(The problem)
The entries below must be reproduced exactly; their pictures are not part of the copy.

(Source material)
======

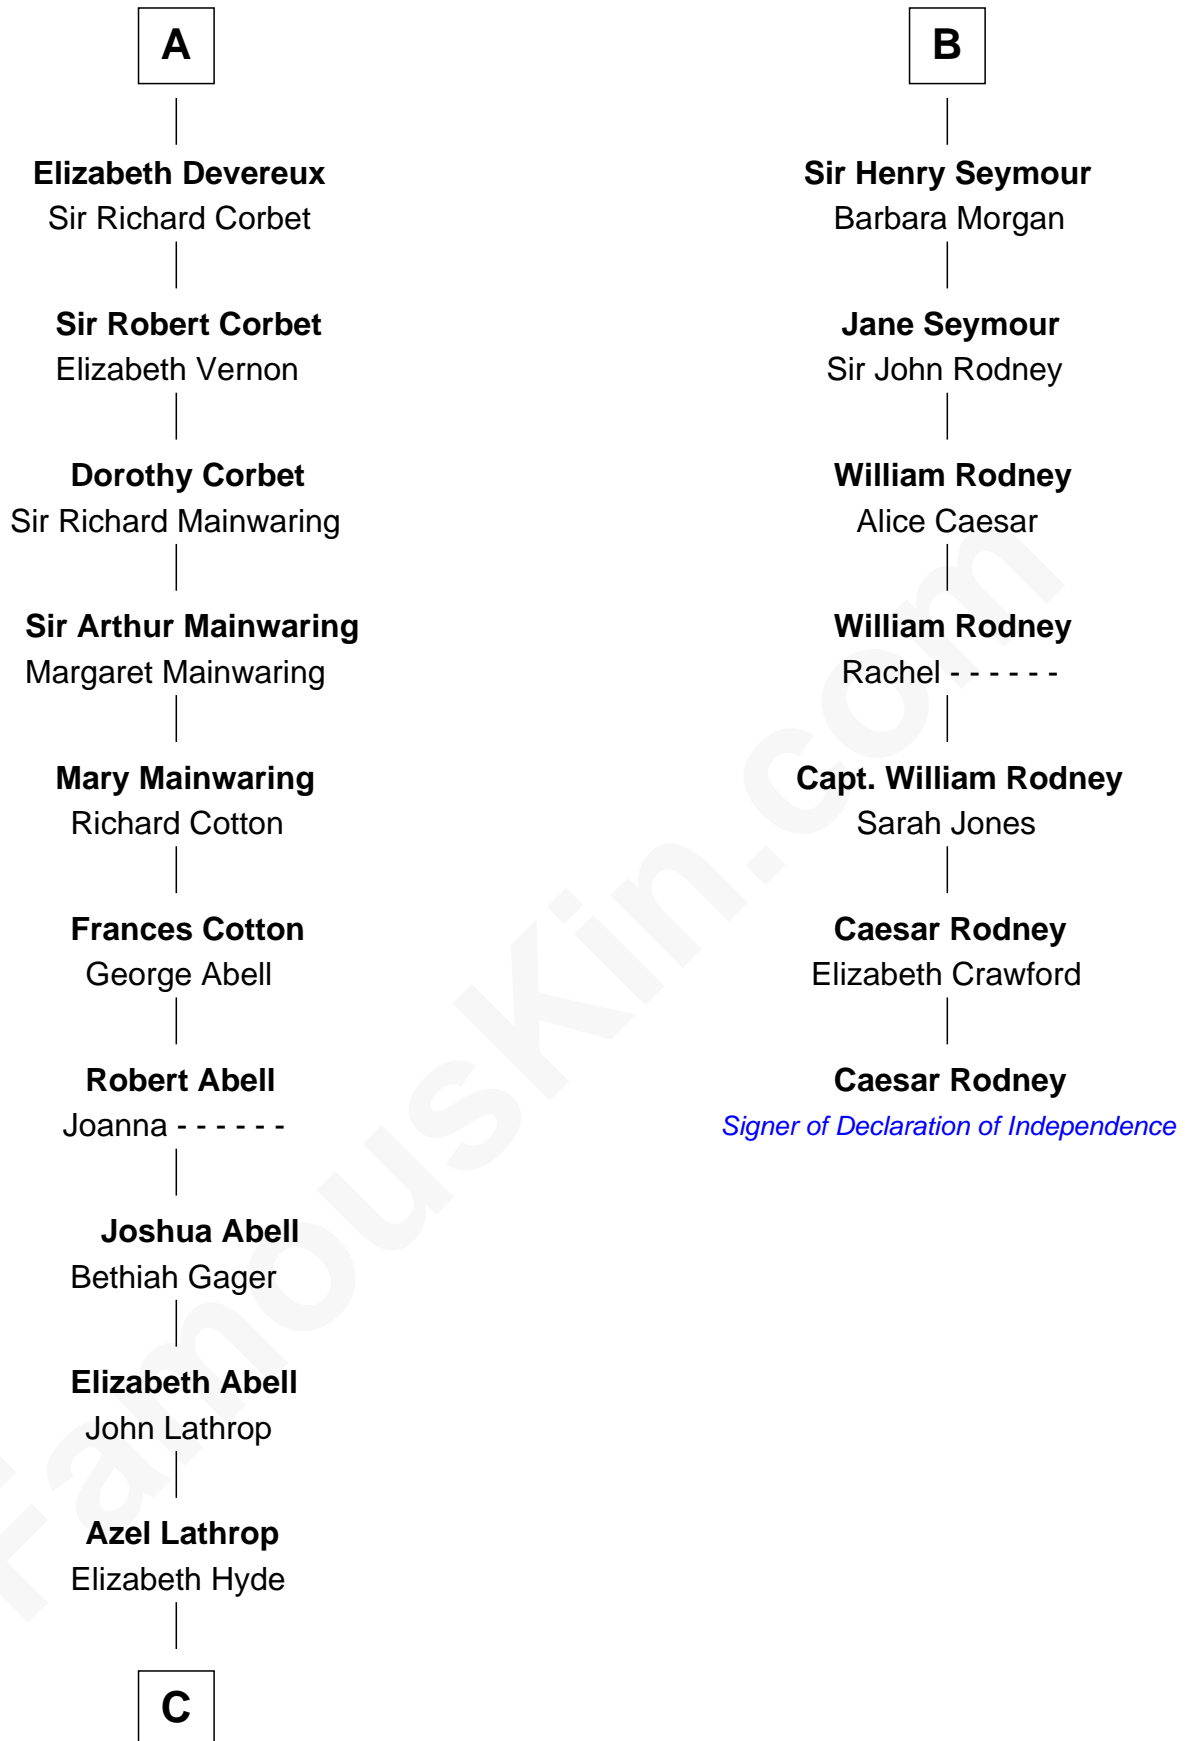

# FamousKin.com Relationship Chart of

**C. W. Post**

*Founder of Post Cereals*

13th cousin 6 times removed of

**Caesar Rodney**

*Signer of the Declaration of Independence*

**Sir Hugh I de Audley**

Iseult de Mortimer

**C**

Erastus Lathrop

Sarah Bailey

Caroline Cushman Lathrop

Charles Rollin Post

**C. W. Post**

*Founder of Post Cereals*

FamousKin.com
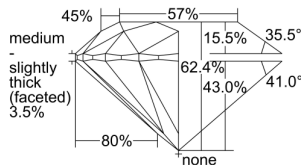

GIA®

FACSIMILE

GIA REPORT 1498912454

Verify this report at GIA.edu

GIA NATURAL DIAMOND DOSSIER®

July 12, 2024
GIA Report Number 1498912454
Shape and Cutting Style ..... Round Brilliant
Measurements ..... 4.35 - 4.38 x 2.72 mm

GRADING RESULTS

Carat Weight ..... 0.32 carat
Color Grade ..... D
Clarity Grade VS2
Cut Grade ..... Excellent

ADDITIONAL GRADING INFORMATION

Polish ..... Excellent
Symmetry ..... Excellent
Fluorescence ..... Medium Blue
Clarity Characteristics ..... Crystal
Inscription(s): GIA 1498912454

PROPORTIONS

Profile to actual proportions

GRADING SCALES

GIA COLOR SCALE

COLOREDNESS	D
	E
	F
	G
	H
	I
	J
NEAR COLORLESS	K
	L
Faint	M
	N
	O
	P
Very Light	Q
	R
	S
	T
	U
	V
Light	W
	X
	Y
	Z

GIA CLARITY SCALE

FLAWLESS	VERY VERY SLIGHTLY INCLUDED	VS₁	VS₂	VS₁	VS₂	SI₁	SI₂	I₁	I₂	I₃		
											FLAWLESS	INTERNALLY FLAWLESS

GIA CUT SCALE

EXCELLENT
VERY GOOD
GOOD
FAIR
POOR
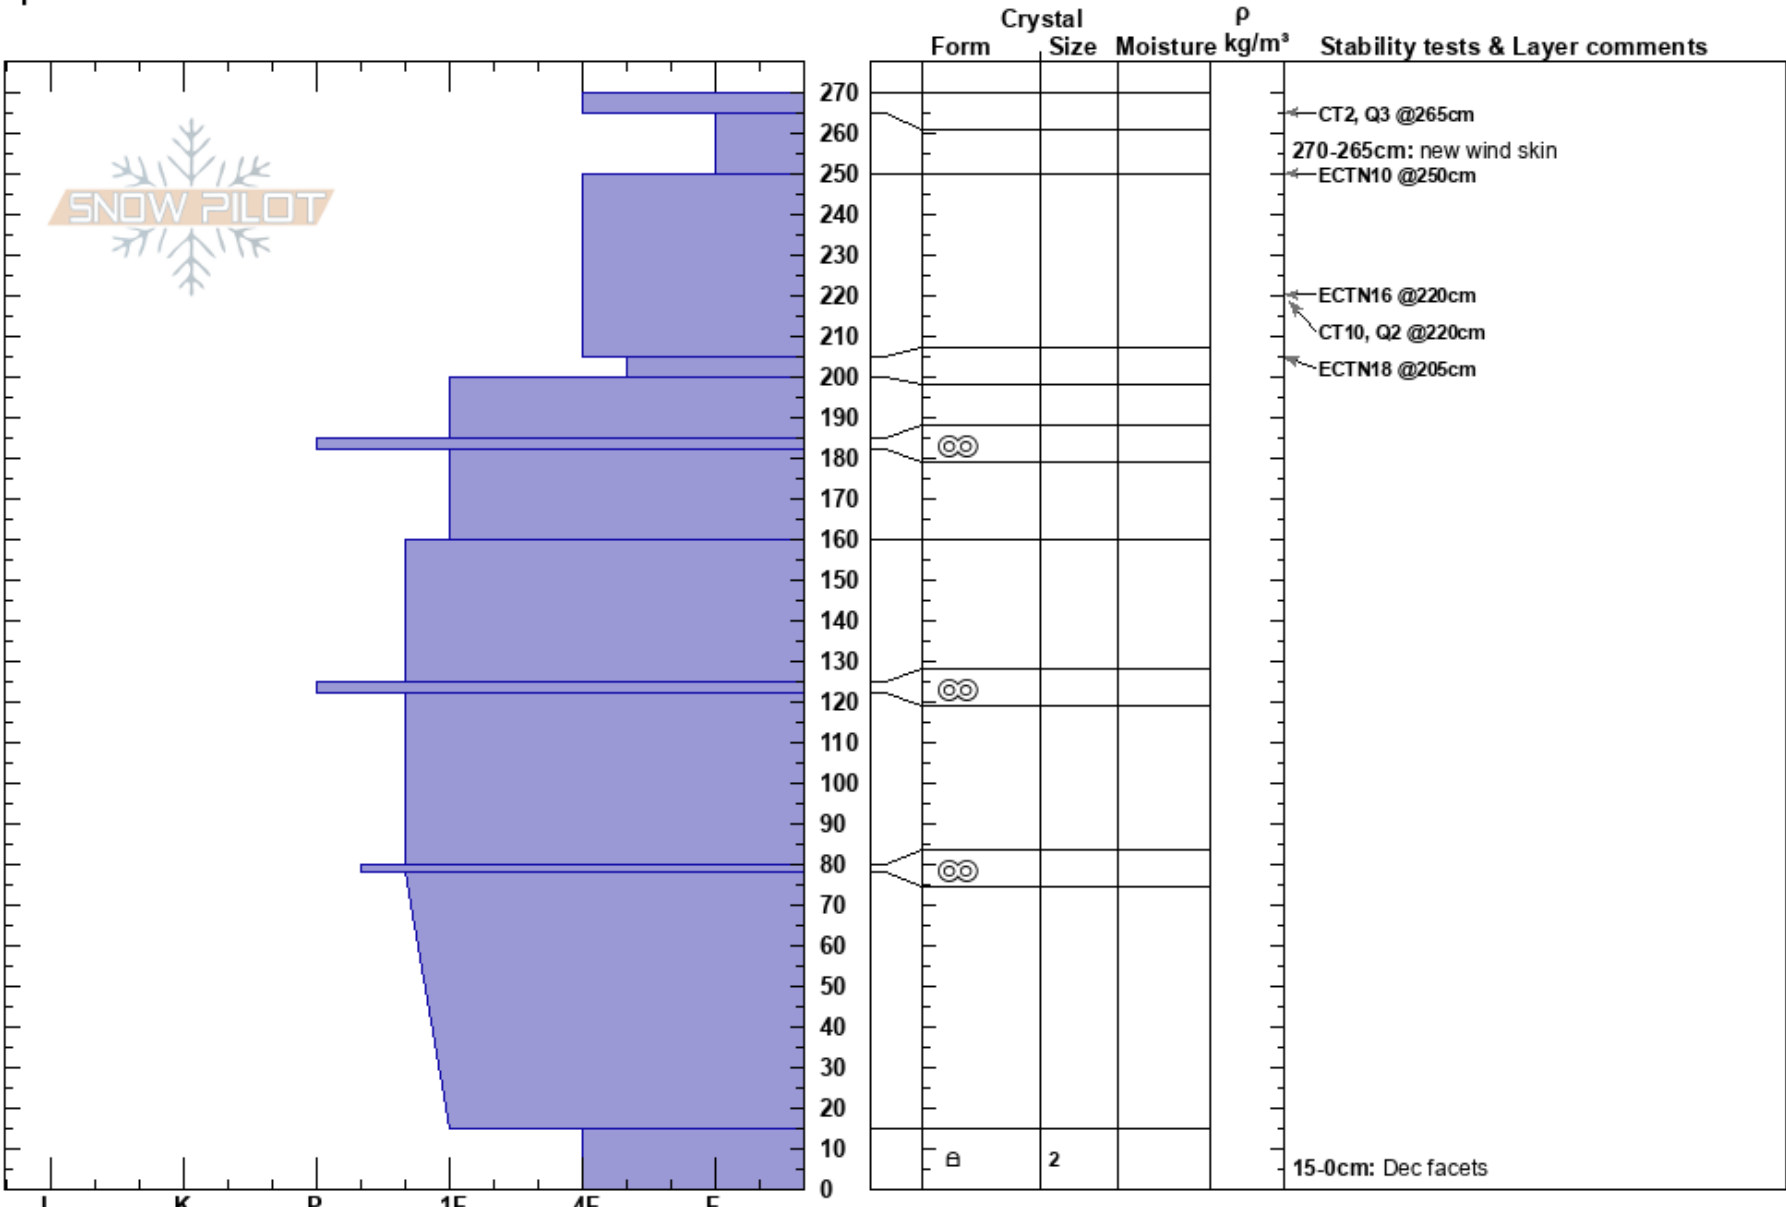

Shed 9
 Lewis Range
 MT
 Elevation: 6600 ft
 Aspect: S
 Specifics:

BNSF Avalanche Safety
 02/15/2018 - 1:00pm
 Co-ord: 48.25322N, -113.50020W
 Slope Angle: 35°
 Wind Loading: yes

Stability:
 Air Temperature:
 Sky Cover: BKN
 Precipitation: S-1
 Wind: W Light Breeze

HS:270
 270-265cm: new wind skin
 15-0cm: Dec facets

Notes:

======

(Output of the exercise)
# FamousKin.com Relationship Chart of

**C. W. Post**

*Founder of Post Cereals*

13th cousin 6 times removed of

**Caesar Rodney**

*Signer of the Declaration of Independence*

**Sir Hugh I de Audley**

Iseult de Mortimer

**C**

Erastus Lathrop

Sarah Bailey

Caroline Cushman Lathrop

Charles Rollin Post

**C. W. Post**

*Founder of Post Cereals*

FamousKin.com

GIA®

FACSIMILE

GIA REPORT 1498912454

Verify this report at GIA.edu

GIA NATURAL DIAMOND DOSSIER®

July 12, 2024
GIA Report Number 1498912454
Shape and Cutting Style ..... Round Brilliant
Measurements ..... 4.35 - 4.38 x 2.72 mm

GRADING RESULTS

Carat Weight ..... 0.32 carat
Color Grade ..... D
Clarity Grade VS2
Cut Grade ..... Excellent

ADDITIONAL GRADING INFORMATION

Polish ..... Excellent
Symmetry ..... Excellent
Fluorescence ..... Medium Blue
Clarity Characteristics ..... Crystal
Inscription(s): GIA 1498912454

PROPORTIONS

Profile to actual proportions

GRADING SCALES

GIA COLOR SCALE

COLOREDNESS	D
	E
	F
	G
	H
	I
	J
NEAR COLORLESS	K
	L
Faint	M
	N
	O
	P
Very Light	Q
	R
	S
	T
	U
	V
Light	W
	X
	Y
	Z

GIA CLARITY SCALE

FLAWLESS	VERY VERY SLIGHTLY INCLUDED	VS₁	VS₂	VS₁	VS₂	SI₁	SI₂	I₁	I₂	I₃		
											FLAWLESS	INTERNALLY FLAWLESS

GIA CUT SCALE

EXCELLENT
VERY GOOD
GOOD
FAIR
POOR

Shed 9
 Lewis Range
 MT
 Elevation: 6600 ft
 Aspect: S
 Specifics:

BNSF Avalanche Safety
 02/15/2018 - 1:00pm
 Co-ord: 48.25322N, -113.50020W
 Slope Angle: 35°
 Wind Loading: yes

Stability:
 Air Temperature:
 Sky Cover: BKN
 Precipitation: S-1
 Wind: W Light Breeze

HS:270
 270-265cm: new wind skin
 15-0cm: Dec facets

Notes:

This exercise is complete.